In the NLRB’s view, an employee’s social media activity is protected as “concerted action” so long as it touches on a term or condition of employment, and falls short of making a physical threat.  This view was largely endorsed recently by the recent decision in Hispanics United of Buffalo, Inc. v. Ortiz, No. 3-CA-27872 (NLRB Sept. 2, 2011)Hispanics United dealt with the termination of five employees for postings to one of the terminated employee’s Facebook pages.  That employee had posted a comment naming a co-worker who believed that her department did not do enough to serve their clients and soliciting input from her co-workers.  The employee added that she had “about had it!”  Id. at 4.  The employees who participated in this discussion were terminated three days later, purportedly for violating the employer’s anti-harassment policies.  In Hispanics United, Administrative Law Judge Arthur Amchan concluded that the employees’ Facebook discussions were protected because they represented the “first step towards taking group action.”  Id. at 8.  The ruling was based on the employees’ right “to discuss matters affecting their employment amongst themselves.”  Hispanics United, No. No. 3-CA-27872 at 9.

Neither did the sometimes-vulgar nature of the discussion make it so “opprobrious” as to take it outside the protections of the National Labor Relations Act.  While some posts lapsed into profanity – “what the f. .. Try doing my job I have 5 programs” or “Tell her to come do [my] fucking job n c [and see] if I don’t do enough, this is just dum [sic.]” – the NLRB characterized it as “objectively quite innocuous” in a Memorandum dated August 18, 2011.  Anne Purcell, “Report of the Acting General Counsel Concerning Social Media Cases”, supra.  ALJ Amchan appeared to substantially agree with the NLRB’s assessment, finding that simply mentioning an employee’s name together with these comments did not transform the conversation into harassment.  ALJ Amchan accordingly found that the employer’s anti-harassment policy was not violated and that the employer had no rational basis for concluding that it had been. 

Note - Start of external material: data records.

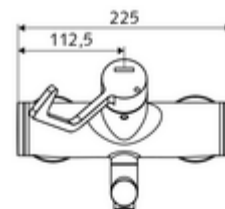

Číslo položky: 01 626 06 99

nástěnná umyvadlová armatura VITUS VW AH M smíchaná voda

Manuální otevř./teplá/studená ovládání nemocniční pákou.

obsah balení

- otevř./stud./tep. nástěnná umyvadlová armatura
 - Ergonomické pákové rameno pro kliniky 153 mm
 - keramická kartuše s omezovačem horké vody s funkcí otevřeno/zavřeno/teplá voda
 - 2 zpětné klapky RV (EN 1717: EB)
 - Otočné ramínko (aretovatelné) s perlátorem
- 2 S-přípojky a rozety (hloubkově nastavitelné)

technické údaje

- průtok: 7,5 - 9,0 l/min
- průtok: 1,0 - 5,0 bar
- Max. provozní teplota: 70 °C (80 °C pro termickou dezinfekci)
- materiál: Výtok mosaz s atestem pro pitnou vodu; Aktivace mosaz; Tělo mosaz s atestem pro pitnou vodu
- povrch: chrom
- ke středu perlátoru: 210 mm
- Přípojka: 2x DN 15 G 1/2 vnější závit
- Zertifikate: PA-IX 38239/IO, Belgaqua
- třída hluku: I
- třída průtoku: O

údaje o dodání

- hmotnost: 4,88 kg/kus
- jednotka balení: 1

doporučené příslušenství

S-připojovací sada s předuzávěrem
 umyvadlový výtokový ventil OPEN
 umyvadlový výtokový ventil PUSH OPEN

obj. č.: 23 775 00 99
 obj. č.: 02 002 06 99 nebo
 obj. č.: 02 000 06 99 nebo
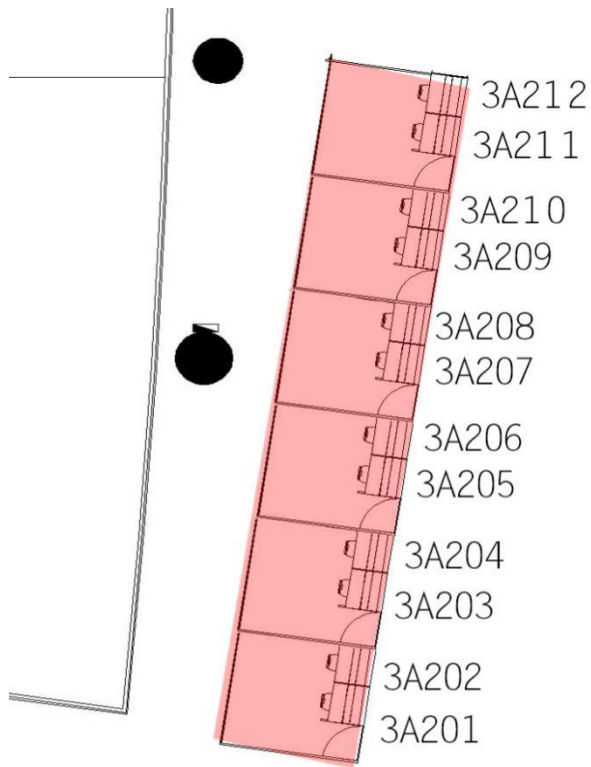

附：招商柜台示意图及标段划分

L4层

L2层

图例：
 可出租
 扶梯

图例： 可出租柜台

06

图例：■ 可出租柜台

L1层

图例：■ 可出租
■ 扶梯

图例：  可出租柜台

图例：  可出租柜台

标段	楼层	柜台编号	经营范围	位置
1	T3A L4 层	3C01	旅游	3C 岛
2	T3A L4 层	3C02	售票	
3	T3A L4 层	3C03	保险	
4	T3A L4 层	3C04	旅游	
5	T3A L4 层	3C05	售票	
6	T3A L4 层	3C07	保险	
7	T3A L4 层	3C08	售票	
8	T3A L4 层	3C11	保险	
9	T3A L4 层	3D01	快递	3D 岛
10	T3A L4 层	3D02	商务咨询	
11	T3A L4 层	3D03	旅游	
12	T3A L4 层	3D04	售票	
13	T3A L4 层	3D05	保险	
14	T3A L4 层	3D06	售票	
15	T3A L4 层	3D07	保险	
16	T3A L4 层	3D08	旅游	
17	T3A L4 层	3J06	商务咨询	3J 岛
18	T3A L4 层	3J07	快递	
19	T3A L4 层	3J08	售票	
20	T3A L4 层	3J09	快递

This discussion of employer policies is typical of the NLRB’s focus in other social-media related actions that it has initiated.  One of the NLRB’s primary concerns has been with what it views as “overbroad” restrictions by employers contained in their social media policies.  The NLRB repeatedly targeted policies which might be interpreted to restrict employees’ ability to engage in protected concerted activity through the use of social media.  While it would be premature at this time, based on the dearth of decisions on this subject, for employers to undertake a wholesale restructuring of their social media policies, it is certainly advisable that employers ensure that their social media policies are tailored to target only social media usage that implicates legitimate business interests.  Employers may also want to consider including a clause carving social media activities that qualify as concerted activity out of any restrictions they place on social media usage.  Preferably, these steps would be taken together – a truly overbroad policy is unlikely to be saved by a limited carve out, and a narrow policy which nonetheless restricts concerted activity may still attract attention. 

This focus on social media policies may portend an attempt by the NLRB to effect wider-reaching changes to employers’ ability to control the use of their electronic resources.  In late April, 2011, the NLRB’s Hartford Regional Director participated in a panel discussion for the Connecticut Bar Association.  During that discussion, the Regional Director revealed that the NLRB is preparing to set the stage to reverse the NLRB’s December 2007 decision in Register Guard.  In that case, the NLRB held that an employer can ban employee use of corporate e-mail systems for non-business reasons as long as the policy is enforced in a non-discriminatory manner.  The Guard Publishing Co. d/b/a The Register-Guard, 351 NLRB No. 70 (2007).  If reversed, employers’ ability to limit the use of social media by employees on employer electronic resources could be severely undermined.